**Task**
In the data below, the answer is the run of lines from the line containing "COMMERCIAL REALTY" through the line containing "sarah.maaroufi@barnes-commercial.com", both included; print it exactly and nothing else.
────
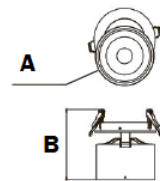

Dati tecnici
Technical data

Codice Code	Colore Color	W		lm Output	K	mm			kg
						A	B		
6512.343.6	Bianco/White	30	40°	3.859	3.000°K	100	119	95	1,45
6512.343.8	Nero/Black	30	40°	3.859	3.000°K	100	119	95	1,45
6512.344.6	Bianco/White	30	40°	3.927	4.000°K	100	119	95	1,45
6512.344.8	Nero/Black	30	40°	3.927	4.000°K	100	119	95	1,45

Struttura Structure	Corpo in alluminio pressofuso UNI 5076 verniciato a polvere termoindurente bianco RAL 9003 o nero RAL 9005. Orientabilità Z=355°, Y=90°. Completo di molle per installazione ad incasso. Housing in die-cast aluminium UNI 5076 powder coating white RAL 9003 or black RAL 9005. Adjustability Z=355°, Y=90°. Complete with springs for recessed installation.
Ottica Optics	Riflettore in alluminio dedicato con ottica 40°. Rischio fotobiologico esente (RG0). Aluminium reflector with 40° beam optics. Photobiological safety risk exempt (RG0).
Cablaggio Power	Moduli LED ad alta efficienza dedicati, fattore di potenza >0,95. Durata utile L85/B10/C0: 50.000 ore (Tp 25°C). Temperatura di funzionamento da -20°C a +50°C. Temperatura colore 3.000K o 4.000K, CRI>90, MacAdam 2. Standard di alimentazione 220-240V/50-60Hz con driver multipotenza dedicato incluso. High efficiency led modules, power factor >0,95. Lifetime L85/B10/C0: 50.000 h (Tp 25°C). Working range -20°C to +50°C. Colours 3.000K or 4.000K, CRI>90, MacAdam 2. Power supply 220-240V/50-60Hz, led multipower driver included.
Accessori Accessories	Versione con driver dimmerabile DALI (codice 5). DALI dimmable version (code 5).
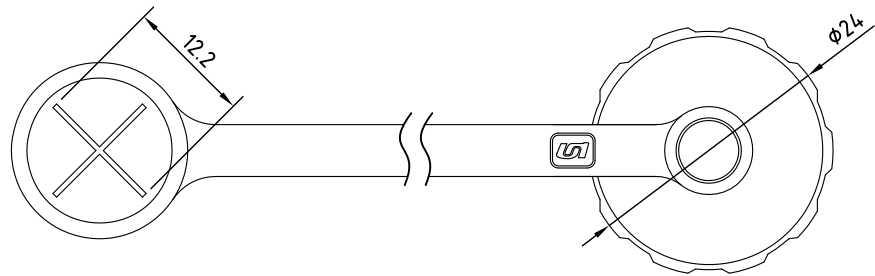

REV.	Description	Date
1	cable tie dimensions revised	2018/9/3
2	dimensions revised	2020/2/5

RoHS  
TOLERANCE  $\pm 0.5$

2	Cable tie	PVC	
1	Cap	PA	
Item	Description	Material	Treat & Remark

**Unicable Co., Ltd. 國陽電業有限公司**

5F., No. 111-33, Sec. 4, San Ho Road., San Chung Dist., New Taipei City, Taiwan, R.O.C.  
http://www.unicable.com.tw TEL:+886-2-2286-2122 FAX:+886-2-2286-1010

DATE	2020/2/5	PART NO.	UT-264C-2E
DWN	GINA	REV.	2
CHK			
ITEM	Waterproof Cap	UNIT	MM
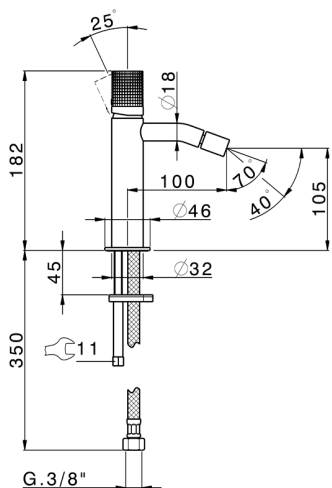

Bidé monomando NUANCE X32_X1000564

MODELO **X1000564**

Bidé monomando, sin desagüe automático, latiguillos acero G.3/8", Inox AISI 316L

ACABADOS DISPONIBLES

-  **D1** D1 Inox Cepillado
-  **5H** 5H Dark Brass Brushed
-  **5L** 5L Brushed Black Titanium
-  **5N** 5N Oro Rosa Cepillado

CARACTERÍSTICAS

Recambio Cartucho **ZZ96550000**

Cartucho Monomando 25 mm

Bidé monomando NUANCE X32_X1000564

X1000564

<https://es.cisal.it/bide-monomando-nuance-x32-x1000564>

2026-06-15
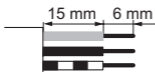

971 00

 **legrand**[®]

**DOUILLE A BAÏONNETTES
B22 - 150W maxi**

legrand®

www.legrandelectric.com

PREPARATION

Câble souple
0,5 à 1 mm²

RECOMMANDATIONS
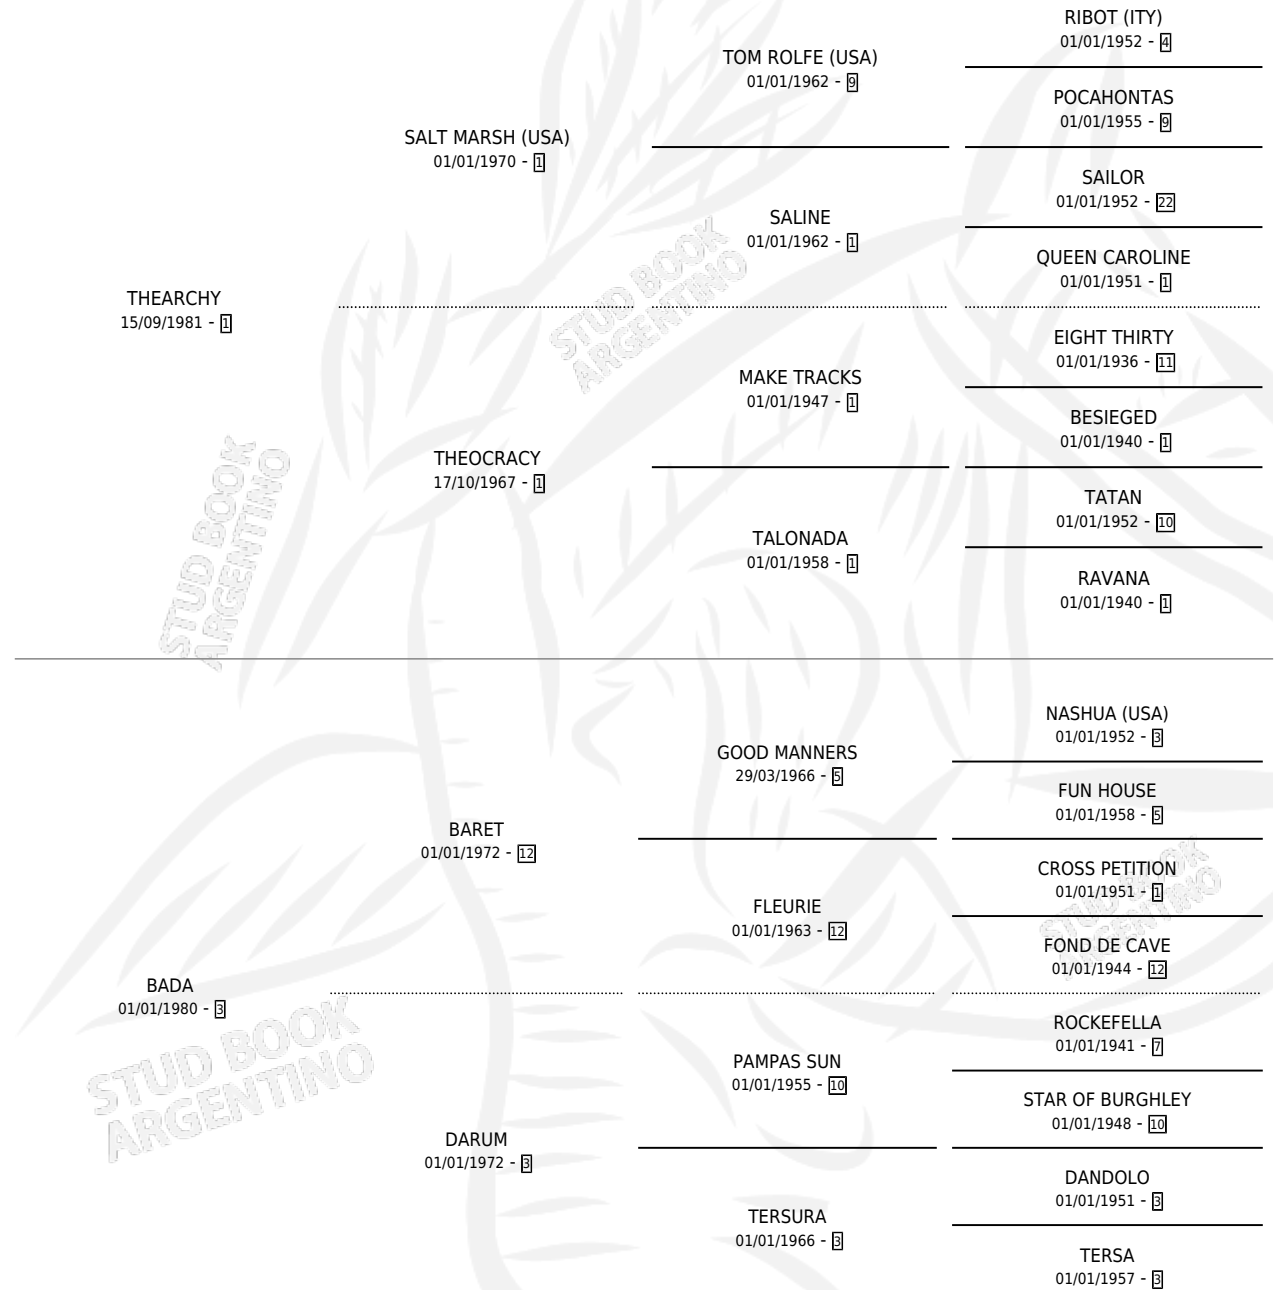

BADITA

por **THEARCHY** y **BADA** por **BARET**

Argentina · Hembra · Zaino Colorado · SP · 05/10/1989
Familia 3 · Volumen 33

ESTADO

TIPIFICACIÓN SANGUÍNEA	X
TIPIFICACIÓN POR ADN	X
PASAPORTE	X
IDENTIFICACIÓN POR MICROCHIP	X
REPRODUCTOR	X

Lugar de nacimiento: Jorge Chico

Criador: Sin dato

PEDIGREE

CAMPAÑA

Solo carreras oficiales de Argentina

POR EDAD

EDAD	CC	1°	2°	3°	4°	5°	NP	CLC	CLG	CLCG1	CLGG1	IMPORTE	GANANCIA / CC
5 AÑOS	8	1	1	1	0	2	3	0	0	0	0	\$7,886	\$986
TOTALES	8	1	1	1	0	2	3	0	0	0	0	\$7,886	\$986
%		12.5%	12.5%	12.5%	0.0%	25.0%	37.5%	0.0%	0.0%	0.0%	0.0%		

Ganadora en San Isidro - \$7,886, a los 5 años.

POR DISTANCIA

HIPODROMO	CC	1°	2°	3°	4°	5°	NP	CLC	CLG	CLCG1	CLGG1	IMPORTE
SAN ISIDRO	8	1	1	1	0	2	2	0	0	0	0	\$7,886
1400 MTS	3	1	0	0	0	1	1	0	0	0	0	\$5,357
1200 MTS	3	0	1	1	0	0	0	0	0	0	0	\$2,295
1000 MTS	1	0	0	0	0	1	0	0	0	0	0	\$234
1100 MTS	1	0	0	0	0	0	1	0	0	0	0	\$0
────
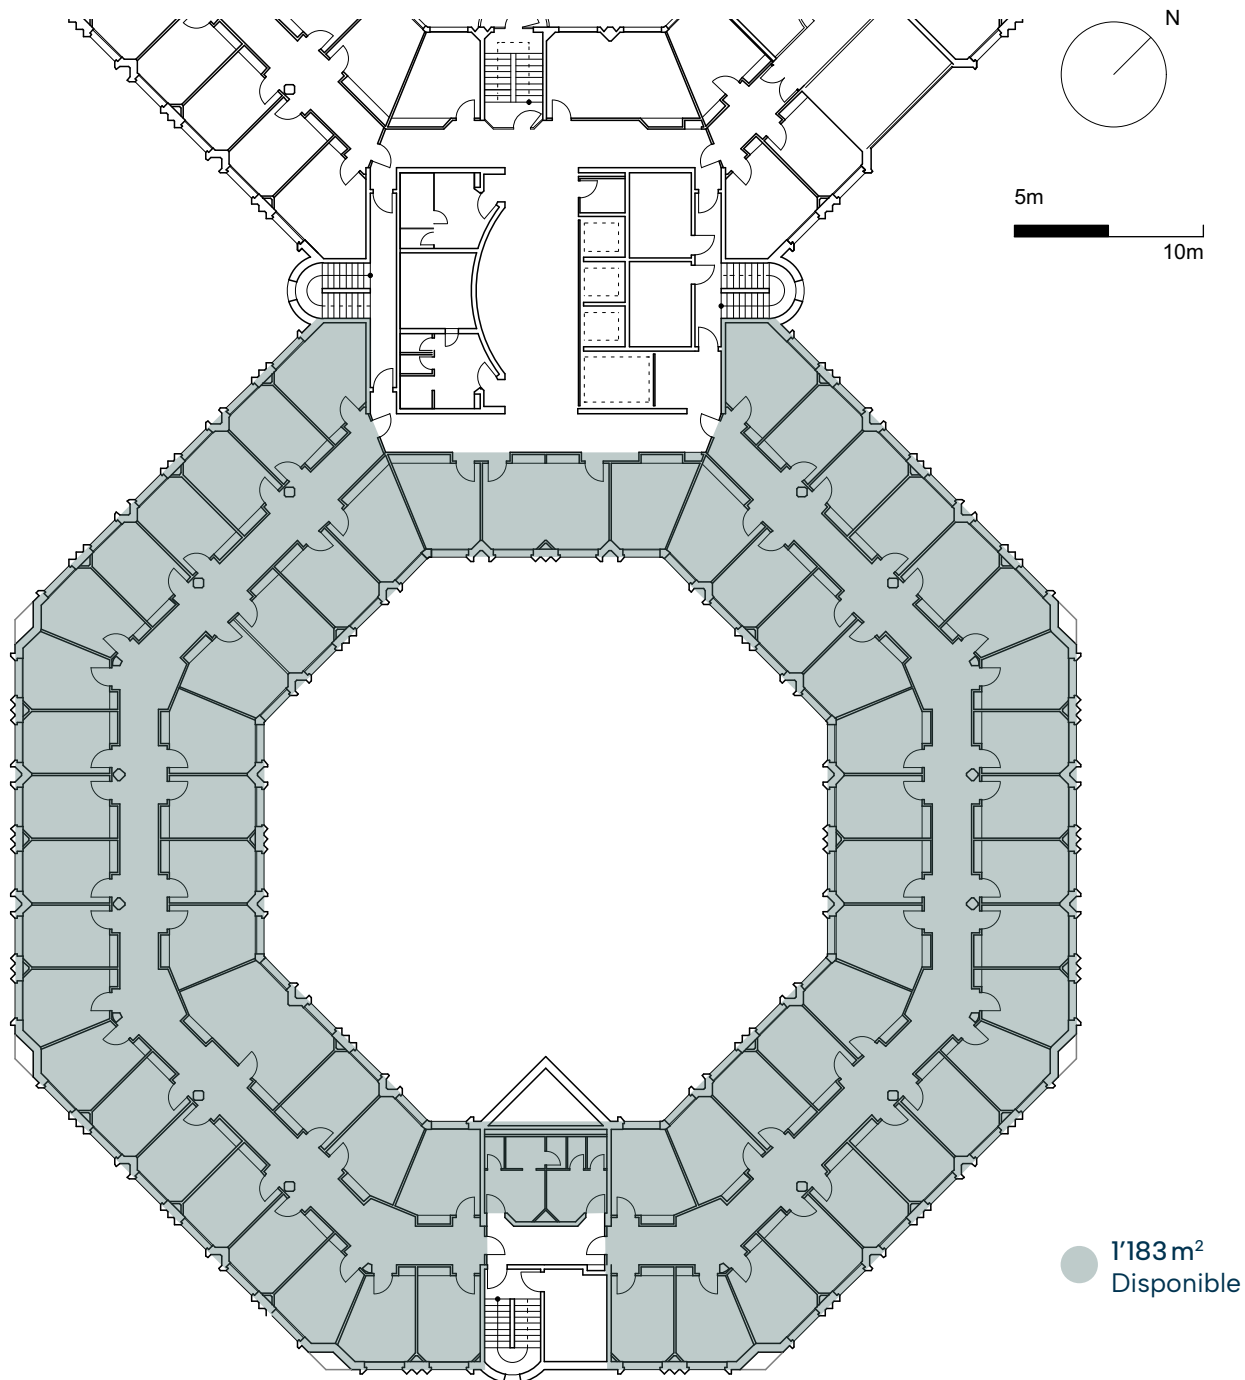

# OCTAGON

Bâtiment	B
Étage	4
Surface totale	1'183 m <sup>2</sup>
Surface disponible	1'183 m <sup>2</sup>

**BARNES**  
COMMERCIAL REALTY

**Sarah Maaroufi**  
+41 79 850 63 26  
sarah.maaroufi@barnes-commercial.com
────
**Task solution**
COMMERCIAL REALTY

**Sarah Maaroufi**  
+41 79 850 63 26  
sarah.maaroufi@barnes-commercial.com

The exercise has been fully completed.